Census 2006 to go online

Census 2006 to go online

Aussies will be able to answer the next census online and submit it over the Internet due to a legislated initiative undertaken by the Australian Bureau of Statistics.

The 2006 National Census will go electronic, speeding up the results and possibly leading to savings for the government agency, depending on the take up.

David Nauenburg, director of population census at the Australian Bureau of Statistics (ABS) said, “Legislation requires that we [put the census online]. But also there is an expectation amongst respondents that it will be available online.”

The census is undertaken every five years, to collect information relating to each person and household in the country. The 2001 census cost about $240 million and involved 30,000 field workers, the distribution and collection of nine million census forms and the capturing, coding and validation of 700 million responses.

Privacy and security are at the top of mind in the development process of the census. Australians need to be assured that the data is collected and stored over a secure network, according to Mr Nauenburg.

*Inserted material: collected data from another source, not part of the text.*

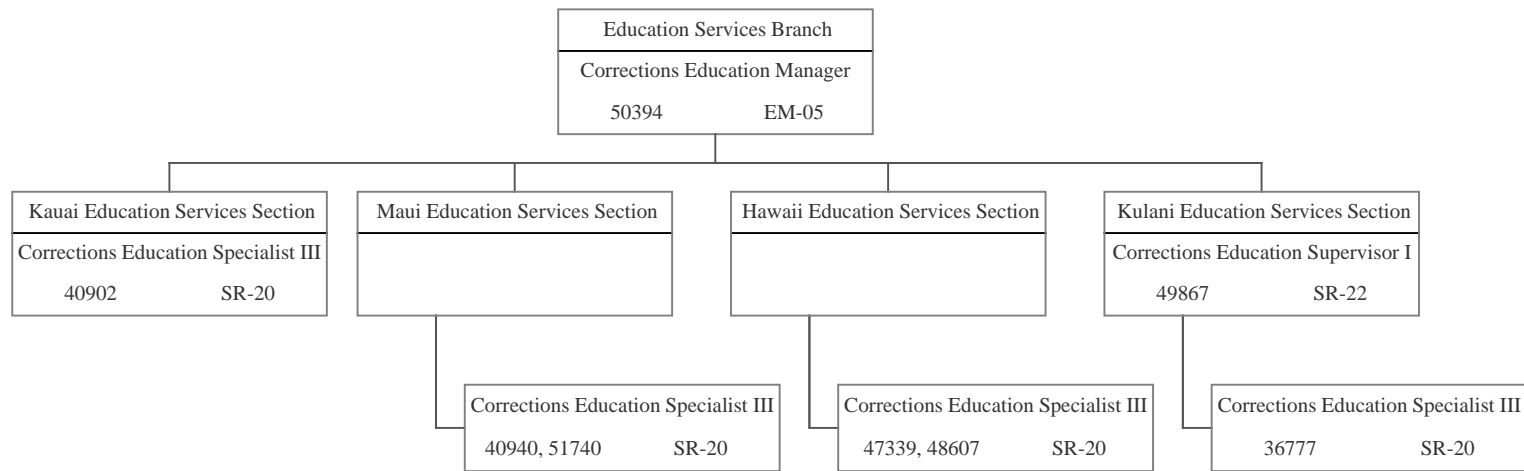

STATE OF HAWAII
DEPARTMENT OF PUBLIC SAFETY
OFFICE OF THE DEPUTY DIRECTOR FOR CORRECTIONS
CORRECTIONS PROGRAM SERVICES DIVISION
EDUCATION SERVICES BRANCH
KAUAI EDUCATION SERVICES SECTION
MAUI EDUCATION SERVICES SECTION
HAWAII EDUCATION SERVICES SECTION
KULANI EDUCATION SERVICES SECTION

POSITION ORGANIZATION CHART

June 30, 2017
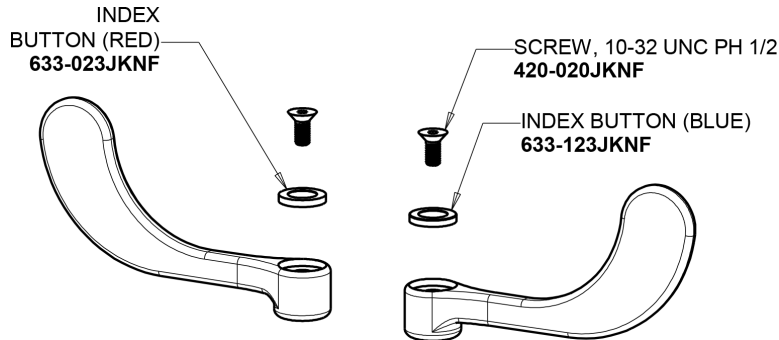

Repair Parts

50-GN8AE3-317XKAB

Hot and Cold Water Mixing Sink Faucet

**CHICAGO
FAUCETS**

a Geberit company

Base Parts:

8" Rigid / Swing Gooseneck Spout GN8AJKABCP

For Technical Assistance:

Hot and Cold Water Mixing Sink Faucet

a Geberit company

4" Wristblade Handle
317-PRJKCP

2.2 GPM (8.3 L/min) Aerator
E3JKABCP

Ceramic 1/4-Turn Operating Cartridge (pair)
1-099XKJKABNF (right)
1-100XKJKABNF (left)
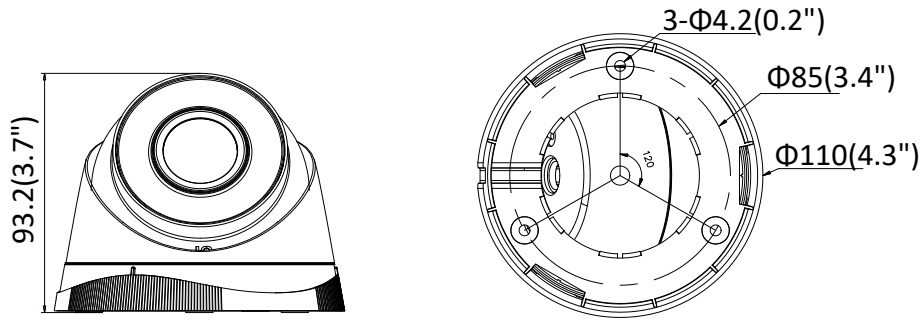

User/Host	Up to 32 users 3 levels: Administrator, Operator and User
Client	iVMS-4200, Hik-Connect, iVMS-5200
Web Browser	IE8+, Chrome 31.0-44, Firefox 30.0-51, Safari 8.0+
Interface	
Communication Interface	1 RJ45 10M/100M self-adaptive Ethernet port
General	
Operating Conditions	-30 °C to 50 °C (-22 °F to 122 °F), humidity: 95% or less (non-condensing)
Power Supply	12 VDC ± 25%, 5.5 mm coaxial power plug PoE (802.3af, class 3)
Power Consumption and Current	12 VDC, 0.5 A, Max: 5 W PoE: (802.3af, 36 V to 57 V), 0.2 A to 0.1 A, Max: 6.5 W
Ingress Protection	IP67
Material	Metal & Plastic
Dimensions	Camera: Ø 110 mm × 93.2 mm (Ø 4.3" × 3.7") With package: 150 mm × 150 mm × 141 mm (5.9" × 5.9" × 5.6")
Weight	Camera: approx. 360 g (0.8 lb.) With package: approx. 610 g (1.3 lb.)

Available Models

HWI-T220H (2.8 mm), HWI-T220H (4 mm)

Dimension

Accessory

DS-1272ZJ-110-TRS
Wall Mounting Bracket

DS-1275ZJ-SUS
Vertical Pole Mounting Bracket

DS-1280ZJ-S
Inclined Base Mounting Bracket

DS-1276ZJ-SUS
Corner Mounting Bracket
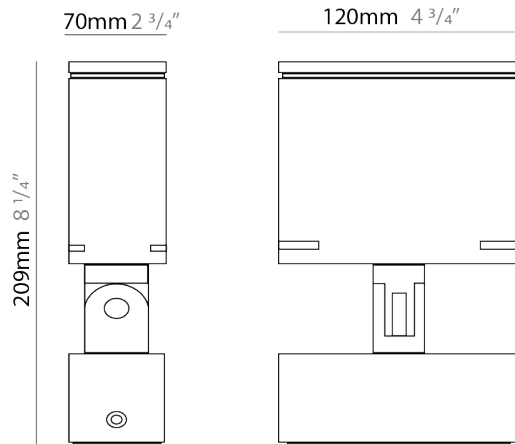

PROJECT
TYPE
SPECIFIER
QUANTITY
DATE

TARGET SURFACE

E9F233- -
base number   Finish   Lens
                         Options   Options

1. To build a product code in our configurator select the specify button on the base model # product page
2. To build a manual product code on this datasheet choose from the options listed below in blue font and add the suffix to the base model #

GENERAL

Series: Target
Brand: Platek
Division: Exterior
Mounting Type: Surface
Mounting Location: Above Ground
Subcategory: Flood

PHYSICAL

Shape: Rectangle
Length (mm): 120
Length (in): 4 3/4
Width (mm): 70
Width (in): 2 3/4
Height (mm): 213
Height (in): 8 3/8
Light Distribution: Adjustable / Direct
Screws: A4 stainless steel
Diffuser: Clear tempered glass
Fixture Finish: BLK / WHI / GRY / COR / ANT / BRZ
Fixture Material: Aluminum Die Cast
Cable Details: 2000mm Cable

ELECTRICAL

Lamp Type: LED
Total Output Wattage (W): 16
Dimming: DMX
Driver Included: No
Driver Location: Remote
Driver Type: Constant Current - Universal
Driver Class: Class 2
Input Voltage (V): 120 - 277
Constant Current (MA): 700

LED

Number of LEDs: 8
Color Temperature (°K): RGBW
CRI: >80 CRI
Lamp Life (hrs): 60000
Special LEDs offerings: RGBW

OPTICAL

Optic°: 9 / 24 / 48 / ELL
Adjustability: Rotational 330°; Tilt 90°

RATINGS AND CERTIFICATIONS

Certified By: Certified for North American Standards
IP Rating: IP66
IK Rating: IK08
Bug Rating: B1 U0 G0

”Obviously it’s a major change to the paper form, and there will be a range of issues to ultimately ensure responses are maintained with a high level of security,” he said.Mr Nauenburg has had to deal with issues such as how to present the survey online so it is easy for respondents to use, secure enough that respondents don’t have to download a form and leave data sitting on their hard-drives, and yet robust enough that the servers at ABS can handle the load.

”If the respondent had to download a form and fill it out, and the data is left sitting on their hard drive, it depends on the security set up of their PCs as to how secure it is, but if it was online, it depends on the servers to allow people to access the form with a reasonable amount of speed,” Mr Nauenburg said.

It remains to be seen how Australians will not only respond, but interact with the online form. As part of the development of the form, Mr Nauenburg said the ABS is conducting tests on “modal bias”, to see if respondents will give the same response on an electronic form as they would on a paper form.

The ABS is also looking closely at the success rate of other countries, such as Singapore and the US, that already offer their citizens an electronic census.

The ABS said it would be able to release the 2006 results earlier than was possible for the last census as a result of the electronic forms, and claimed that the forms would cost half as much to process in terms of clerical effort. However, the ABS said it would need an uptake of 10 per cent to break even.

Although the initiative is still at the drafting stage, Mr Nauenburg said the Web application will probably be developed in house and the budget for the IT component is still unknown.

The online form is the latest technology overhaul to the ABS’s traditional paper-based methods of collecting and compiling data for the national census. In 2001, the ABS introduced scanning technology, and used character recognition tools and autocoding technology to speed up the processing time.